Making public data FAIR

Last Updated November 26, 2018

FAIR data principles have evolved from a collective effort of stakeholders seeking to make data Findable, Accessible, Interoperable, and Reusable. The Internet of Water supports the adoption of these principles.

The Future of Research Communication and e-Scholarship (FORCE11) are working towards facilitating knowledge creation and sharing. The convened a 2014 workshop in the Netherlands that found that all research objects should be Findable, Accessible, Interoperable, and Reusable (FAIR). These principles were further expounded upon.

Data and metadata are easily discoverable (even if not accessible) by both humans and computers. Machine readable metadata are essential for automatic discovery of relevant datasets and services. Metadata are data about the data. Characteristics of findable data include:

  • Data (and metadata) have a globally unique and eternally persistent identifier.
  • Data are described with rich metadata.
  • Data (and metadata) are registered or indexed in a hub (searchable resource).
  • Metadata specify the data identifier.

Data are accessible to those who are given permission to use the data. Limitations on the use of data, and protocols for querying or copying data, are made explicit to both humans and machines. Characteristics of accessible data include:

  • Data (and metadata) are retrievable by their identifier and use a standardized communications protocol. The protocol must be open, free, and universally implementable. It must also allow for authentication and authorization when required.
  • Metadata are accessible, even when the data are not available.

Enables systems and services to create, exchange, and consume data with clear, shared expectations for the contents, context, and meaning of that data. This makes it clear how data relate to one another. This is perhaps the most challenging component of FAIR.

  • Data (and metadata) use a formal, accessible, shared, and broadly applicable language for knowledge representation.
  • Data (and metadata) use vocabularies that are documented and standardized.
  • Data (and metadata) include qualified references to other data (and metadata).
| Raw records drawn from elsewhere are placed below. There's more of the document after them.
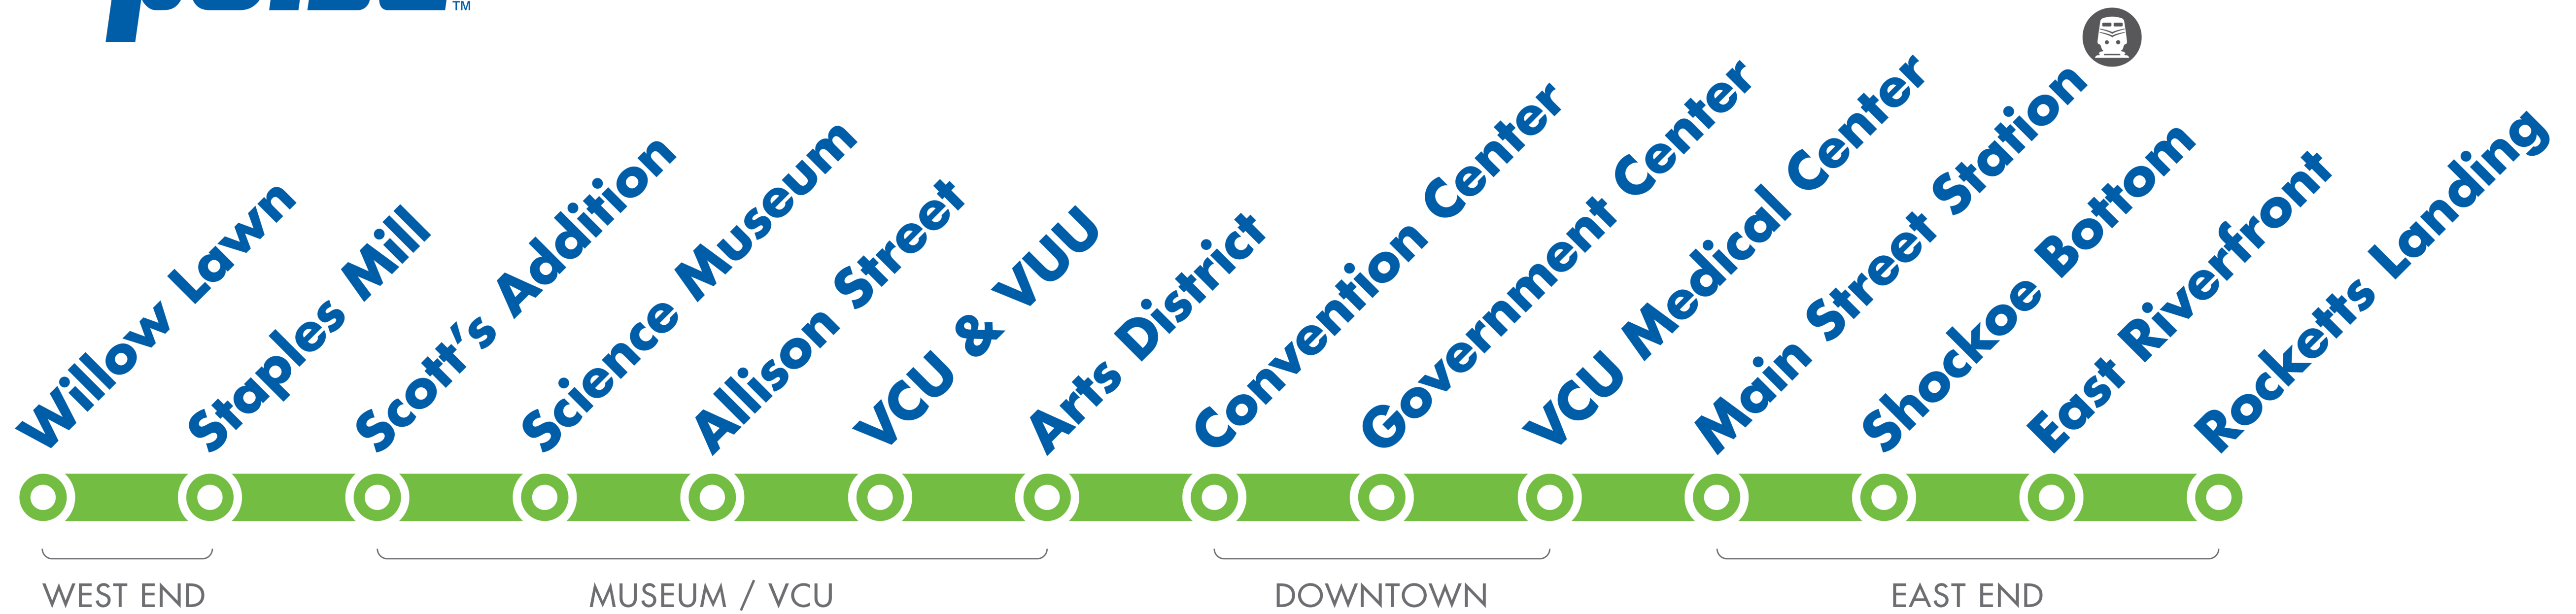

More Time For Life.

## High Frequency

Buses every 15 minutes (or better)  
6 am – 11:30 pm, seven days a week

	AM PEAK 6:00–9:00 am	MIDDAY 9:00 am–4:00 pm	PM PEAK 4:00–7:00 pm	OFF PEAK 7:00–11:30 pm	LATE NIGHT 11:30 pm–1:00 am
<b>Weekday</b> 5:00 am – 1:00 am	<b>10</b> MINUTES	<b>10</b> MINUTES	<b>10</b> MINUTES	<b>15</b> MINUTES	<b>30</b> MINUTES
<b>Weekends</b> 6:00 am – 1:00 am	OPERATES EVERY <b>15</b> MINUTES DURING THE DAY				<b>30</b> MINUTES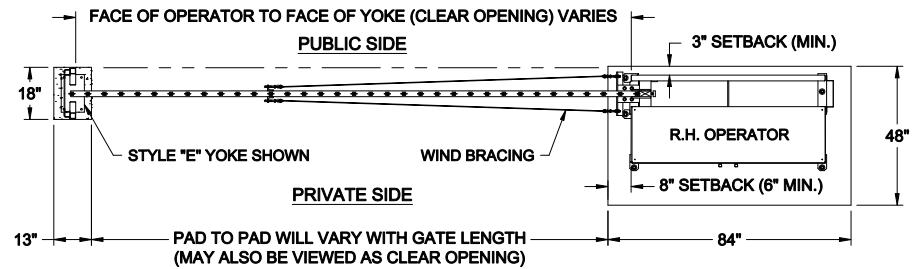

LEFTHAND - VERTICAL PIVOT GATE (VPG)

RIGHTHAND - VERTICAL PIVOT GATE (VPG)

PLAN VIEW

PLAN VIEW

**ELEVATION VIEW
VIEWED FROM PRIVATE SIDE**

**ELEVATION VIEW
VIEWED FROM PRIVATE SIDE**

NOTES:

- 1) ALL OF OUR GATES ARE TYPICALLY DRAWN FROM THE PRIVATE SIDE LOOKING OUT.
- 2) LENGTH AND HEIGHT VARIES, CONSULT WITH AUTOGATE SALES FOR MORE INFORMATION.
- 3) SHOWN WITH STANDARD 5" STYLE "E" YOKE. SEE DRAWING #105 FOR YOKE STYLES.
- 4) CONTOURS AND CURBS WILL REQUIRE CUSTOM DRAWINGS. (CONSULT WITH AUTOGATE).

Rev.:	Description:	Date:	Drn. By:	Ckd. By:
C	COMBINED LEFT AND RIGHT HAND GATES ON ONE PRINT	07/20/16	MKS	KAY
B	VPG WAS VPL & INCREASED BARRIER SCREEN COVERAGE	04/29/15	MKS	DMR
A	UPDATED PRINT - OPERATOR SHOWN MORE ACCURATELY	03/04/13	SLD	MKS

NOTICE
THE INFORMATION CONTAINED ON THIS DOCUMENT IS CONFIDENTIAL. ANY DISSEMINATION, UNAPPROVED DISCLOSURE OR COPYING OF THIS INFORMATION IS STRICTLY PROHIBITED.
UNLESS OTHERWISE SPECIFIED DIMENSIONS ARE IN INCHES
ANGLES ± 1°
XX ± 1/32, XX ± .01, XXX ± .005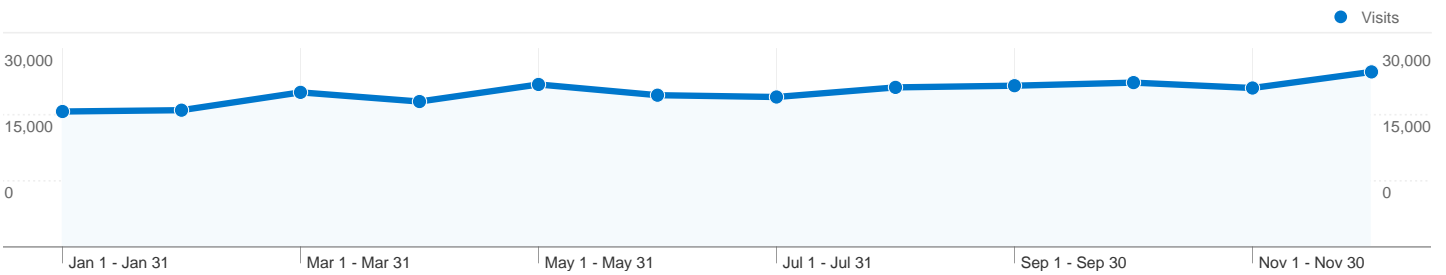

**\$0.00** \$ Index

**This page was viewed 320,677 times**

 **320,677** Pageviews

 **42,639** Unique Views

 **00:01:14** Time on Page

 **17.47%** Bounce Rate

 **6.27%** % Exit

 **\$0.00** \$ Index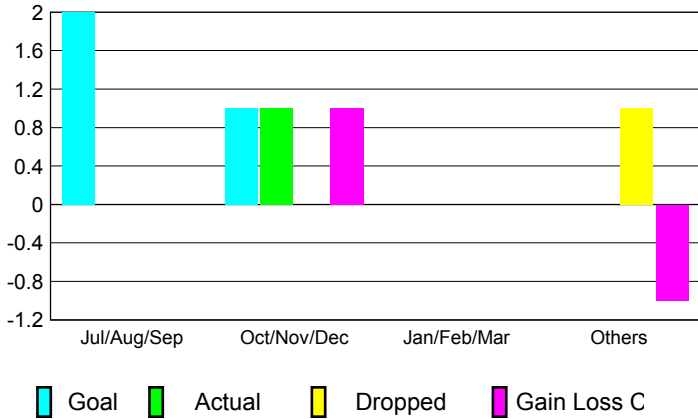

GMT: **DANA BIGGS**

Location: **CALIFORNIA**

GMT CA: **1**

CLUBS

Month	New Club Goal	Actual New Clubs	Actual Dropped Clubs	Gain/Loss of Clubs
2012-2013				
Jul/Aug/Sep	2	0	0	0
Oct/Nov/Dec	1	1	0	1
Jan/Feb/Mar	0	0	0	0
Apr/May/June	0	0	1	-1
Totals	3	1	1	0

Club Results 2012-2013
Goal, New, Dropped, Gain/Loss

MEMBERSHIP

Month	Net Memb Goal	Actual New Memb	Actual Dropped Memb	Gain/Loss of Memb
2012-2013				
Jul/Aug/Sep	40	32	48	-16
Oct/Nov/Dec	30	47	104	-57
Jan/Feb/Mar	10	31	31	0
Apr/May/June	10	22	108	-86
Totals	90	132	291	-159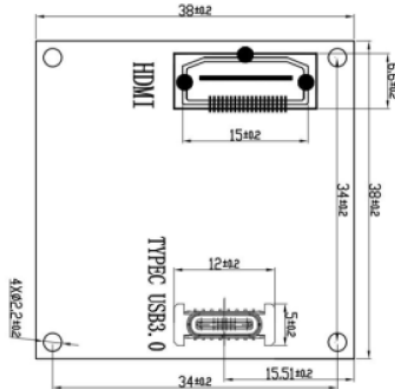

Controllable Features

Brightness, Contrast, Saturation, Hue, Sharpness, Gain, Gamma, White Balance, Backlight Contrast, Exposure

Cable length	Default 1.5 Meter USB Cable
Module Size	38*38mm
<b>WORKING CONDITION</b>	
Power Consumption	USB DC 5V Supply
Operating Temperature	--20°C ~ 60°C
Storage Temperature	--20°C ~ 85°C
Humidity	-80 ~85%

# PRODUCT DIMENSION

HSF

Top view

Side view

Bottom view

REV.	ECN. NO./Description	Date.	APPD
A0	First Released	2021/9/9	LEO

主 上	焦距 (EFL)	3.24MM	(Module Size)	38X38	<b>SUPERTEK</b> Supertek Co., Limited	
主 上	半徑 (F.ND)	2.7	Output Format	MJPEG, YUY2, H264		
要 參	視角 (View Angle)	88.2°			TIME	SPEC
參 數	鏡頭結構 (Lens Structure)	4.52D+R 65.0mm			MEMORISE	
	像素尺寸 (Pixel Size)	1.45um(H) x 1.45um(V)			CHD:	ST10-415FP-3.0
	感光元件 (Chip Type)	1/2.8" CMOS IMX415			DR:	
	像素尺寸 (Resolution)	3840HX2160V			SCALE: 1:1	PAGE: 1/1
					UNIT: mm	REV: A0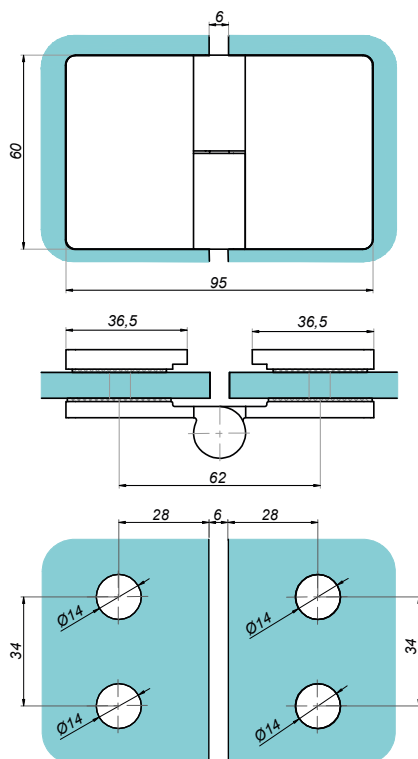

Lift hinge glass-glass right 180° VERONA SLIM

VER-SLIM-180-R-B

Product code	Finish
VER-SLIM-180-R-B	black
Properties	
Glass thickness	6-10 mm
Maximum load on 2 hinges	45 kg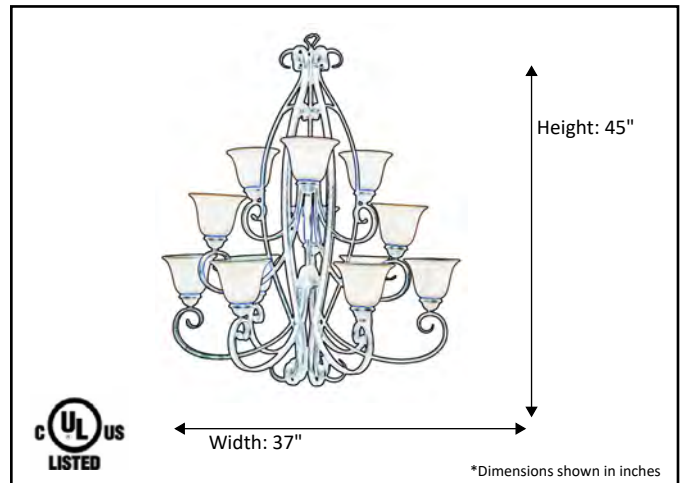

ELECTRICAL REQUIREMENTS: Fixture requires a grounded electrical supply line of 120 volts AC.

INSTALLATION REQUIREMENTS: Fixture attaches to electrical junction box securely anchored in wall or ceiling.
All mounting hardware included.

HOMEnhancements / 1505-A Kelly Blvd., Carrollton, TX. 75006

Product specifications subject to change without notice.

REFERENCE	QTY.	REMARKS	Project
			Location/Type
			Architect
			Engineer
			Contractor
			Submitted By: Date: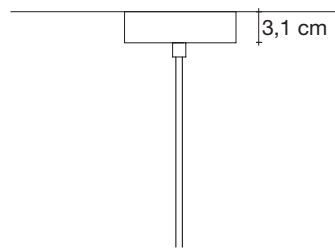

Light source
230-240V ~ 50/60Hz

LED
4W E14

dimnable options

 all systems

Body

Canopy

Capturing a moment in time, Frame features a metal coral leaf, enclosed inside a borosilicate glass preserving a delicate imprint of nature. Hidden inside is a single bulb which glows from within. Creating a stirring light that projects a dynamic shadow due to the permeable coral. Frame is available in white, red, gold plated or silver plated. Design Terzani Lab. Made in Italy.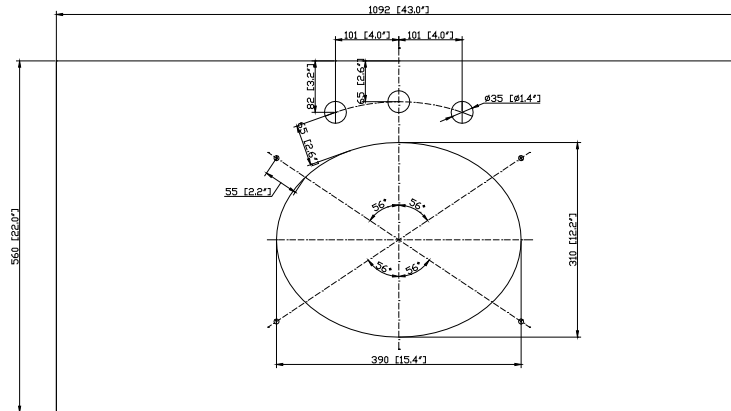

- French White

Nominal Dimension

- 42W x 21.5D x 34.3H (inches)

Components

Mirror	HAMILTON-M24-FW		
Vanity Top	SUT43BK	SUT43GB	SUT43CW
Sink	CUM18 WT	CUM18LN	
Linen Tower	HAMILTON-LT22-FW		

Product Diagrams

Nominal Dimension

- 43W x 22D x 1H inches
- 1092 x 560 x 25 mm

Colors / Finishes

- BK - Black
- CW - Carrera White
- GB - Galala Beige

Components

Sink	CUM18WT	CUM18LN
Vanity	HAMILTON-V42-AW	

Product Diagrams

Nominal Dimension

- 18.1W x 15D x 7.9H inches
- 458 x 380 x 200 mm

Components

Drain	VC-DRAIN-CP	VC-DRAIN-BN					
Vanity Top	SUT25BK	SUT25CW	SUT25GB	SUT31BK	SUT31CW	SUT31GB	SUT37BK
	SUT37GB	SUT49BK	SUT49CW	SUT49GB	SUT37CW	SUT61BK	SUT61CW
	SUT61GB	SUT73BK	SUT73CW	SUT73GB			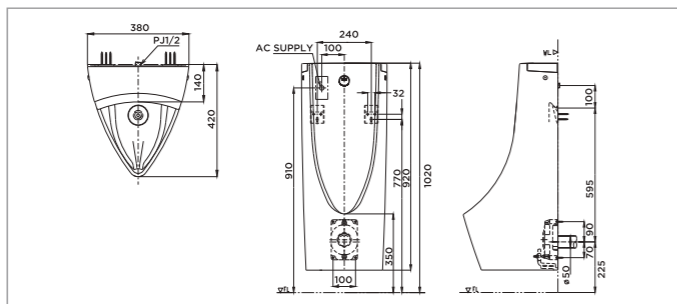

USWN900AS (AC 220V)

USWN900AS Thân tiểu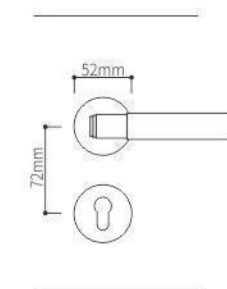

SEIZE THE FUTURE

ELITE

Zinc Alloy Split Lock Series

Z02174

Z02174 |

Z02174

Z02174

Z02174

Data and metadata are sufficiently well described for both humans and computers that the data (and the process of converting data to information) can be replicated or combined with future research.

 

  • Data (and metadata) are richly described with a plurality of accurate and relevant attributes.
  • Data (and metadata) are released with a clear and accessible data usage license.
  • Data (and metadata) are associated with detailed provenance (meaning there is a clear origin story / history of the data).
  • Data (and metadata) meet domain-relevant community standards.